El problema para los líderes en 2026 no es la falta de ideas sobre casos de uso de la IA. Tienen demasiadas. Lo que falta es el filtro que separa el proyecto que merece seis meses de trabajo del proyecto que no sobrevivirá a la primera demostración interna. Estas son las tres preguntas que hago en la reunión de definición del alcance. Treinta minutos por caso de uso, no más. Si sólo una de las tres queda sin respuesta precisa, no nos lanzamos.
¿Qué problema concreto resuelve la IA?
No “cómo la IA podría mejorar nuestra productividad”. ¿Qué problema concreto, en qué proceso, con qué volumen actual, qué tiempo de procesamiento, qué calidad, qué coste?
“Reducir el tiempo de tramitación de las solicitudes de asistencia al cliente” es una dirección. “Reducir en un 40% el tiempo de tramitación de las solicitudes de categoría B (problemas técnicos sencillos), que representan el 60% del volumen y actualmente se tramitan en 48 horas” es un problema.
La diferencia no es de detalle. Un problema concreto permite definir un criterio de éxito mensurable. Un criterio de éxito mensurable permite decidir si el proyecto ha funcionado. Sin él, no podrá evaluar el retorno de la inversión y no sabrá cuándo parar.
¿Por qué IA y no algo más simple?
Esta es la pregunta más incómoda. Antes de lanzar un proyecto de IA, pregúntese si el problema no puede resolverse mediante un algoritmo determinista (regla de negocio, ordenación, filtro, regex). Si no, mediante un cuadro de mando y un proceso de toma de decisiones humano más claro. A veces, es una reorganización del proceso la que resuelve el problema sin tocar la tecnología. A veces se trata simplemente de una herramienta empresarial existente mejor configurada.

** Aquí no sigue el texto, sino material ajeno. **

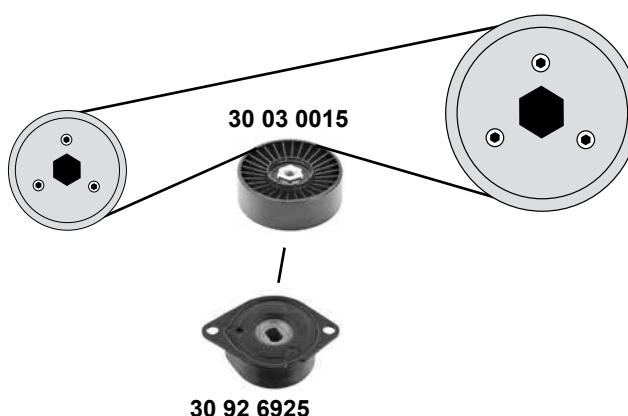

Kettenspanner / chain tensioner
Kettenspanner / chain tensioner
Riemenspanner / belt tensioner
Spannrolle / tension roller
Riemenspanner / belt tensioner

ØA 59 B34
Z 141 B30

Ref. - No.

Ref. - No.	Description	Dimensions
30 02 0020	Zahnriemen / timing belt	Z 137 B25,4
30 03 0015	Umlenkrolle / deflection pulley	ØA 78 ØI 8 B26
30 03 0018	Umlenkrolle / deflection pulley	ØA 28 ØI 8 B31,5
30 03 0055	Spannrolle / tension roller	ØA 67 ØI 8 B25
30 05 0008	Kurbelwellenrad / crankshaft gear	Z 22
30 92 6925	Riemenspanner / tension roller	
99 02 0069	Rep. Satz Zahnriemen / rep. kit timing belt	Z 137 B25,05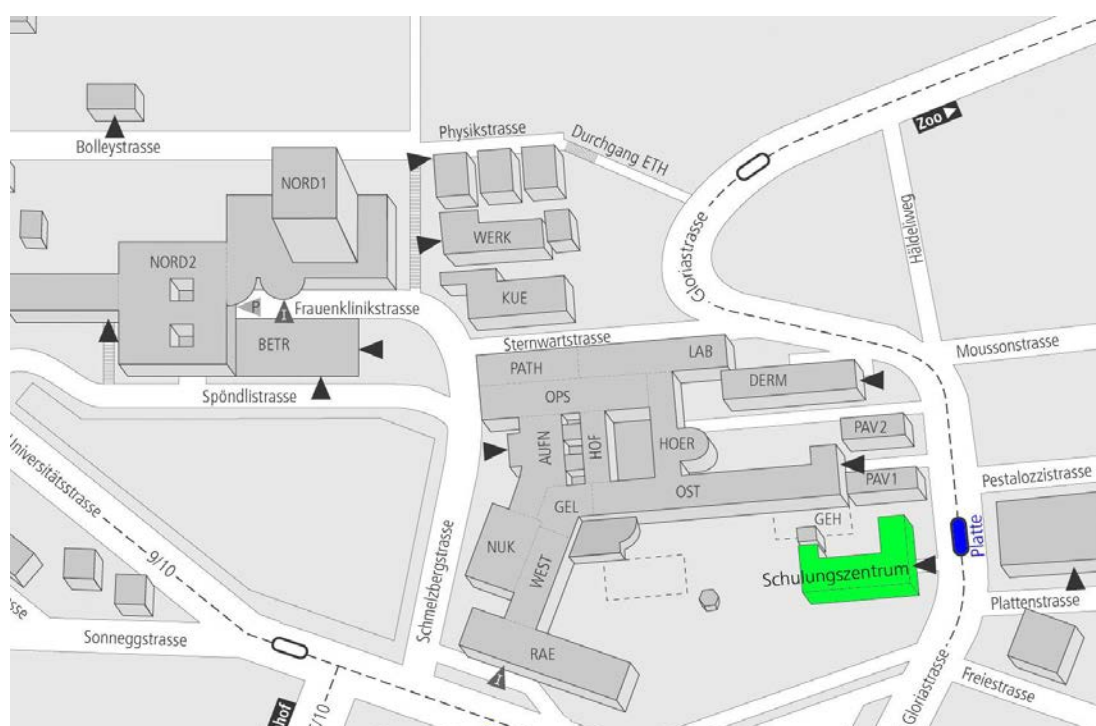

## Lageplan Schulungszentrum Gloriastrasse

**Gloriastrasse 19**

**8091 Zürich**

**Tel. 044 255 86 78**

[www.bildungszentrum.usz.ch](http://www.bildungszentrum.usz.ch)

### Öffentlicher Verkehr

- vom Hauptbahnhof **Tram Nr. 6** Richtung Zoo bis Haltestelle Platte
- vom Bellevue **Tram Nr. 5** Richtung Kirche Fluntern bis Haltestelle Platte. Parkplätze sind direkt vor Ort keine vorhanden!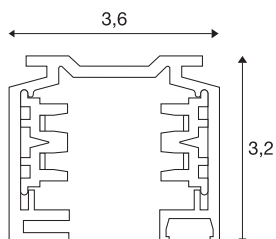

## EUTRAC 3-tenning uten-påliggende SKINNE

230V-skinne, sølvgrå, 2 m

Skinne av aluminium til 3-tenning-230V-skinnesystem (utenpåliggende). Kan monteres rett på veggen eller i taket ved hjelp av borehullene. Den utenpåliggende varianten av dette systemet finnes i flere farger og lengder. Alternativt finnes det også en innfelt variant.

### TEKNISKE DATA

Art.nr.	145202
EL nummer	3221805
IP-kode	IP 20
Montering	Utenpåliggende montering
Montering detaljer	Tak med tilbehør, Vegg med tilbehør
Merkespenning	220-240V ~50/60Hz V
Kapslingsgrad	I
Farge	grå
Lengde	200 cm
Bredde	3.6 cm
Høyde	3.2 cm
Nettvekt	1.637 kg
Bruttvekt	2.308 kg
BIG WHITE side	537

## Tilbehør og lyspæreanbefaling

1002845

Wire-oppheng , til EU-  
TRAC®, S-TRACK og  
1-tenning-skinner, 5m,  
sett med to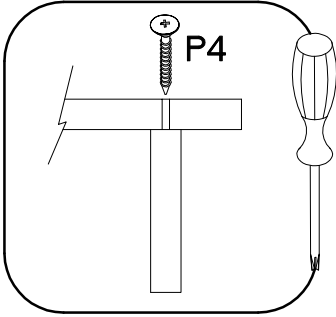

**60 D 3S BB Premium Box**

Ersatzteil Nummer	Dimension
KUH.10225	815x500x16
KUH.10226	815x500x16
KUH.60004	713x585x2,5
KUH.90010 x2	567x100x16
KUH.90011 x2	567x100x16
KUH.90015	599x95x16

$\pm 8 \times 30 \text{mm}$	$6,4 \times 50 \text{mm}$			
<b>A</b>	<b>B</b>	<b>E1</b>	<b>E9</b>	
8	8	8	2	
$6.5 \times 48 \times 16$		$\pm 4.0 \times 45 \text{mm}$	$\pm 3.0 \times 20 \text{mm}$	$\pm 4.0 \times 35 \text{mm}$
<b>F2</b>	<b>O</b>	<b>P4</b>	<b>P7</b>	<b>R3</b>
4	1	2	8-10	4

1

6.5x48x16  F2 4	+8x30mm  A 8
--	---

x2

x2

2

6,4 x 50mm		
		
B	O	E1
4	1	4

3

6,4 x 50mm		
		
B	O	E1
4	1	4

4

5

±3.0x20mm  
  
 P7  
 8-10

6

+4.0x45mm	
	
P4	E9
2	2

7

+4.0x35mm	
	
R3	
4	

Ersatzteil Nummer	Dimension
KUH.71167	140x596x16
KUH.71168 x2	283x596x16
KUH.90137 x3	442x492x16
KUH.90140	480x70x16
KUH.90142 x2	480x148x16

1

					$\pm 3.0 \times 16 \text{mm}$ 	$\pm 3.5 \times 13 \text{mm}$ 		$\pm 7/2 \text{mm}$ 
11B	11C	11E	11F	11H	P11	P5	11G	J5
2	2	4	4	4	8	16	4	4

La IA tiene sus ventajas: generaliza en entradas no estructuradas, se adapta a las variaciones, funciona en grandes volúmenes sin aumento proporcional de los costes. Pero es probabilística (y por tanto falible), opaca, difícil de auditar y más cara de mantener que una regla determinista. La clasificación de documentos por palabras clave con reglas de negocio claras es más barata, más predecible y más explicable que LLM para la misma tarea si las categorías están bien definidas.

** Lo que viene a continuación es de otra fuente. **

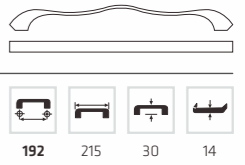

AK 2366

Material: Zinc alloy
Color: CP
Size: 128/160/192/224/256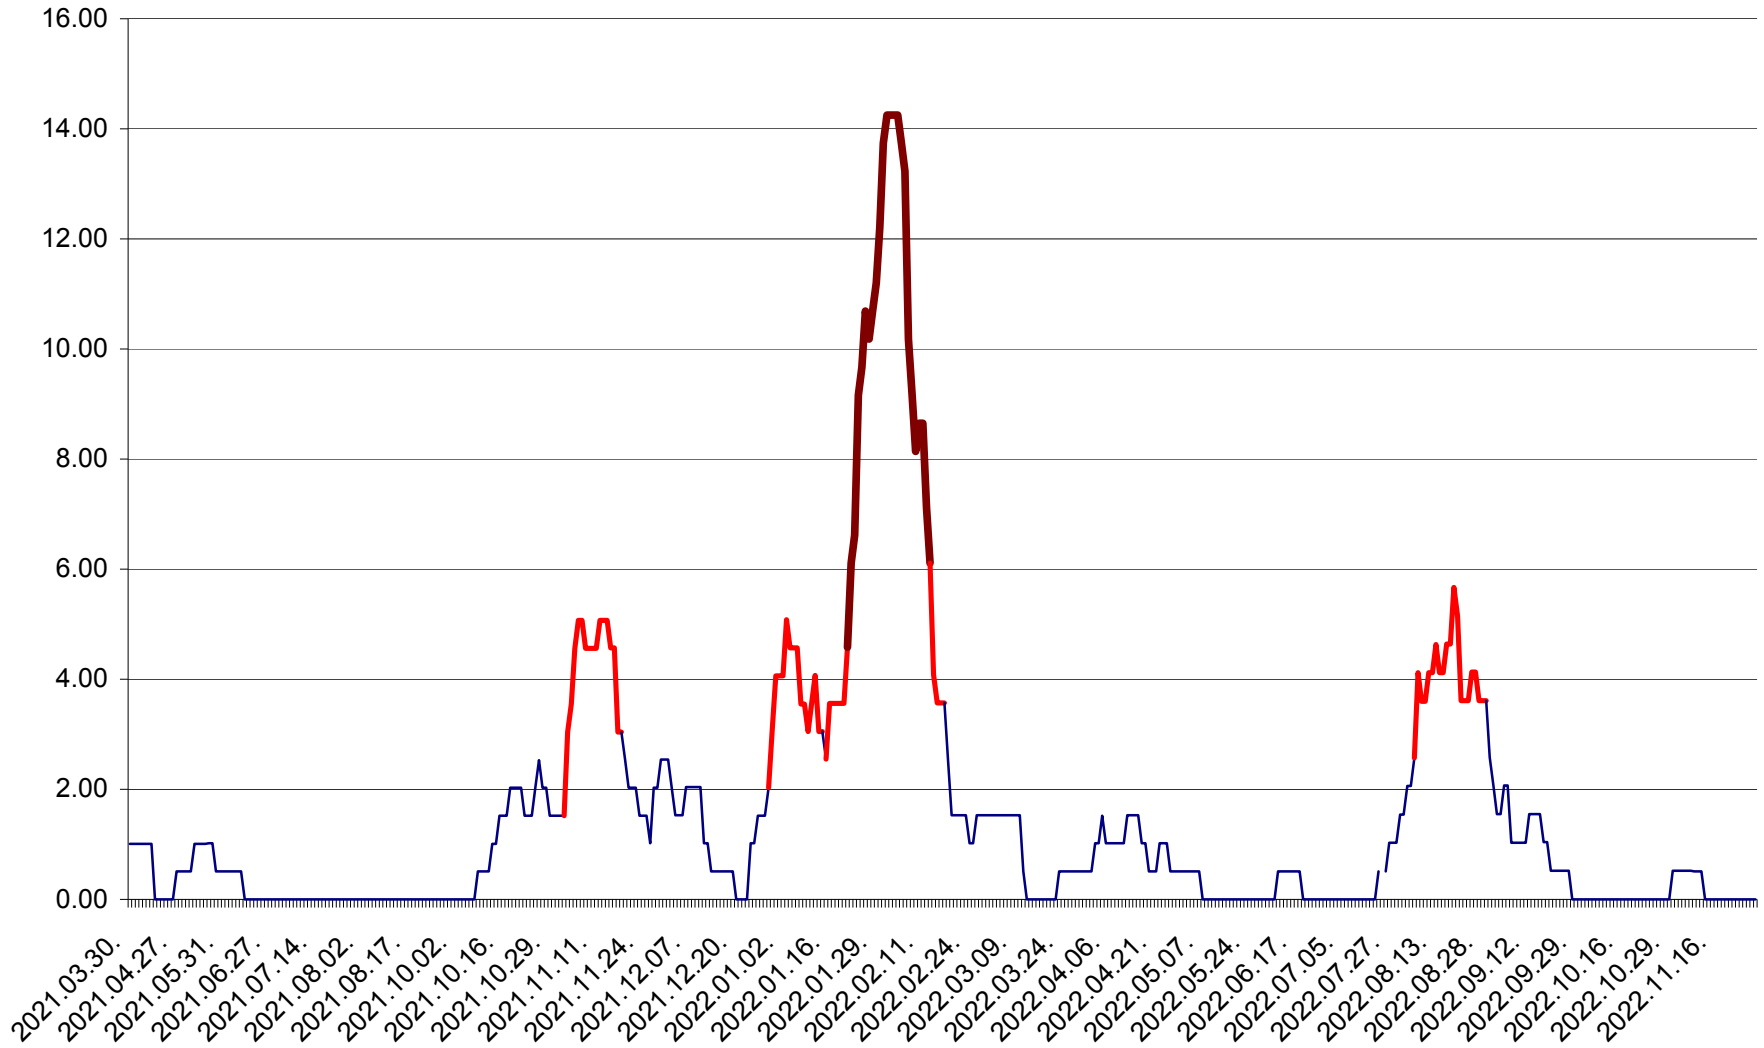

VĂRȘAG - Evolutia incidentei cumulate pe 14 zile la ‰ de locuitori  
2021.04.01. - 2022.11.29.

ORAȘ VLĂHIȚA - Evolutia incidentei cumulate pe 14 zile la ‰ de locuitori  
2021.04.01. - 2022.11.29.

VOȘLĂBENI - Evolutia incidentei cumulate pe 14 zile la ‰ de locuitori  
2021.04.01. - 2022.11.29.

ZETEA - Evolutia incidentei cumulate pe 14 zile la ‰ de locuitori  
2021.04.01. - 2022.11.29.

Total - Evolutia incidentei cumulate pe 14 zile la ‰ de locuitori  
2021.04.01. - 2022.11.29.

¿Quién gestiona los casos en los que la IA se equivoca?
Esa es la pregunta que nunca se hacen las demos. En una demo, todo funciona. En producción, entre el 3 y el 20% de los casos (según la tarea y el modelo) no funcionan como se esperaba. Alguien tiene que ocuparse de ello.
¿Quién detecta los errores? ¿Cómo se comunican? ¿Quién los corrige? ¿Quién es responsable de las decisiones basadas en resultados incorrectos de la IA?
Si no puede responder a estas preguntas, su proceso de implantación está incompleto. No se trata de un problema técnico. Es un problema de organización y responsabilidad. La IA no elimina la responsabilidad. La desplaza.
En las parrillas de puntuación
Una matriz de puntuación promete transformar la decisión en una suma. Pero no lo hace. La decisión se toma caso por caso, teniendo en cuenta el contexto de la organización, la madurez del equipo y el coste de oportunidad del no proyecto. Cualquier tabla que pretenda decidir por ti es una simplificación peligrosa.